The strictures of the standard could be avoided if Plaintiffs' petition for approval of minors' compromise against the Chrysler Defendants is returned to Plaintiffs so that Plaintiffs are provided the opportunity to re-file their petition on the public docket, except for the following portions of their petition: the picture of minor Kimberlee Edwards which shall be redacted from Exhibit B, and only a redacted version of Exhibit B shall be filed on the public docket; and Exhibits C through H, which are Plaintiffs' medical records and reports, shall be detached from the petition filed on the public docket since these documents are not necessary for a decision on whether to approve the settlement agreement. Compliance with this portion of this Order makes it unnecessary for the movants to engage in the futile effort of trying to satisfy the "compelling reasons" standard. Therefore, the movants shall comply with this Order in a public filing no later than May 24, 2009.

Plaintiffs also move for approval of minors' compromise against the Chrysler Defendants and approval of minors' compromise against Defendant Richard John Lockhart.*fn1 Plaintiffs seek approval of the settlement of their negligence and products liability claims relating to an automobile accident.

Under Local Rule 17-202, "the court must approve the settlement of the claims of a minor," which includes decision on the amount of attorneys' fees requested. Schwall v. Meadow Wood Apartments, No. CIV. S-07-0014, 2008 WL 552432, at *1 (E.D. Cal. Feb. 27, 2008). "In considering the fairness of a settlement of minors' claims, federal courts generally are guided by state law. Under California law, a court must approve the amount paid out of the settlement for attorneys fees and costs for claims brought by minors." Id. (internal citations omitted); Walden v. Moffett, No. CV-F-04-6680, 2007 WL 2859790, at *3 (E.D. Cal. Sept. 26, 2007). "A 'reasonable' attorney fee for the settlement of a minor's claim is 25%." Schwall, 2008 WL 552432, at *1 (citing Sacramento Superior Court Rule 10.02); see also Walden, 2007 WL 2859790, at *3 ("[M]ost courts require a showing of 'good cause' to award more than 25% of any recovery." (quoting 2 Weil & Brown, Cal. Practice Guide, Civil Procedure Before Trial (2002) Settlement Procedures ¶¶ 12:576, 12:577)).

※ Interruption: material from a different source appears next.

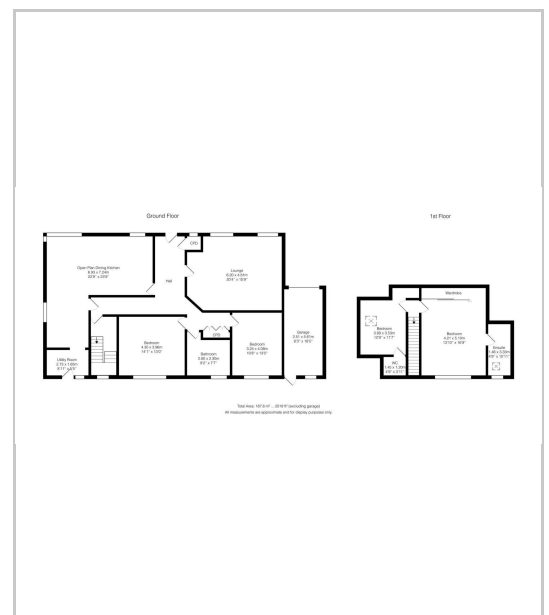

The property itself briefly comprises a bright and spacious reception hallway, front lounge, open plan kitchen/dining area with utility area, two downstairs DOUBLE bedrooms with versatile use and family bathroom all to the ground floor. To the upper Floor there are two DOUBLE bedrooms, one with ensuite shower room and the other with separate WC. There is also the added bonus of large wardrobe space.

## Floor Plans

Attorneys' fees in both settlement agreements are approximately 25% of the settlement amount. Further, the allocation of the settlement amount is as follows: 87% to minor Kimberlee Edwards, who suffered permanent vision loss; 1% each to minors Lydia, Danielle, and Sean Edwards, who suffered bruises and emotional distress; and 10% to Rachelle Edwards, who suffered injuries to her feet and shoulder and emotional distress. The allocation of the settlement amount is reasonable in light of "the nature and extent of injuries" to each Plaintiff. Walden, 2007 WL 2859790, at *3. Accordingly, both petitions are approved.